Collection entries
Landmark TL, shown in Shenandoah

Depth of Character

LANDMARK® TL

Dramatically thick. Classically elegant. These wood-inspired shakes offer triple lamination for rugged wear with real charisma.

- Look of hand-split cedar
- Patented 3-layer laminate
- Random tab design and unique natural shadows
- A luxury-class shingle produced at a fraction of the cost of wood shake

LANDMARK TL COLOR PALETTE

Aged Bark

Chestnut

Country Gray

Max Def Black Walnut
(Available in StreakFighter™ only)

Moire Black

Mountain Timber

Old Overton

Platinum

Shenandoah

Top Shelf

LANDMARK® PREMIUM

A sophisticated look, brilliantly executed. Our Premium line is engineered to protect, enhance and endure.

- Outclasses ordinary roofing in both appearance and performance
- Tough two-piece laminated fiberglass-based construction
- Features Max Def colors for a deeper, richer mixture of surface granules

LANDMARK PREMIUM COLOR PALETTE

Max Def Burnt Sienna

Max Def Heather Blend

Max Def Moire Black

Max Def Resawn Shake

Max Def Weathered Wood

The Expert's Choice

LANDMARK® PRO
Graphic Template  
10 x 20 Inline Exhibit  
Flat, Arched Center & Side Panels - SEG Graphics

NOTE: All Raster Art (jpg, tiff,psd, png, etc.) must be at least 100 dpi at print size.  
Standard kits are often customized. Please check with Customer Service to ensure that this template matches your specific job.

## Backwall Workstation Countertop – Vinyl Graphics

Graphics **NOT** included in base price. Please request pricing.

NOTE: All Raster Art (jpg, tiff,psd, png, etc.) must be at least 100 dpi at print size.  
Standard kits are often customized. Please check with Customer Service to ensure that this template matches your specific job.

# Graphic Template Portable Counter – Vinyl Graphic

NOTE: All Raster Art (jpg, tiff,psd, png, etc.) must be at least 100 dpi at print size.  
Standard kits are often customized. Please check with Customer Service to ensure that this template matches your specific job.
--
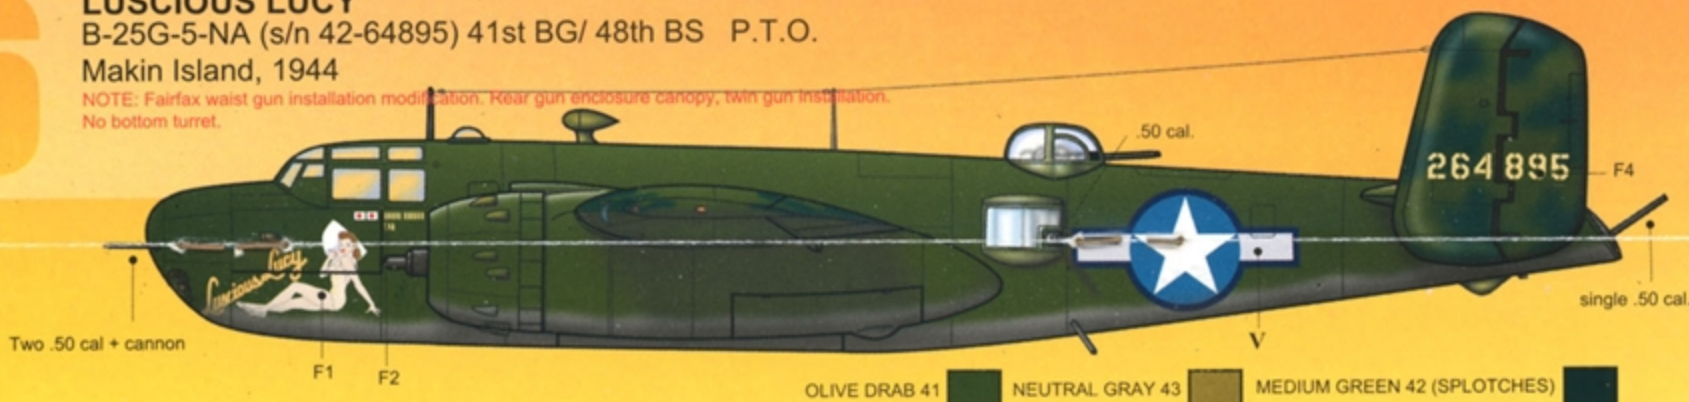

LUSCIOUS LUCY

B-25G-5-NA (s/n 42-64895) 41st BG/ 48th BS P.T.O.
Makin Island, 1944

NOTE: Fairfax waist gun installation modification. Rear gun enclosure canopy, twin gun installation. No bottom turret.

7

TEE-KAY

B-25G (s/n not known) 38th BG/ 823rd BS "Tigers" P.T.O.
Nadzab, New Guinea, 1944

» **Work instructions**: From the records above, repeat exactly the lines from the one with "Landmark TL, shown in Shenandoah" through the one with "Flat, Arched Center", both included.

» **Your response**:
Landmark TL, shown in Shenandoah

Depth of Character

LANDMARK® TL

Dramatically thick. Classically elegant. These wood-inspired shakes offer triple lamination for rugged wear with real charisma.

- Look of hand-split cedar
- Patented 3-layer laminate
- Random tab design and unique natural shadows
- A luxury-class shingle produced at a fraction of the cost of wood shake

LANDMARK TL COLOR PALETTE

Aged Bark

Chestnut

Country Gray

Max Def Black Walnut
(Available in StreakFighter™ only)

Moire Black

Mountain Timber

Old Overton

Platinum

Shenandoah

Top Shelf

LANDMARK® PREMIUM

A sophisticated look, brilliantly executed. Our Premium line is engineered to protect, enhance and endure.

- Outclasses ordinary roofing in both appearance and performance
- Tough two-piece laminated fiberglass-based construction
- Features Max Def colors for a deeper, richer mixture of surface granules

LANDMARK PREMIUM COLOR PALETTE

Max Def Burnt Sienna

Max Def Heather Blend

Max Def Moire Black

Max Def Resawn Shake

Max Def Weathered Wood

The Expert's Choice

LANDMARK® PRO
Graphic Template  
10 x 20 Inline Exhibit  
Flat, Arched Center & Side Panels - SEG Graphics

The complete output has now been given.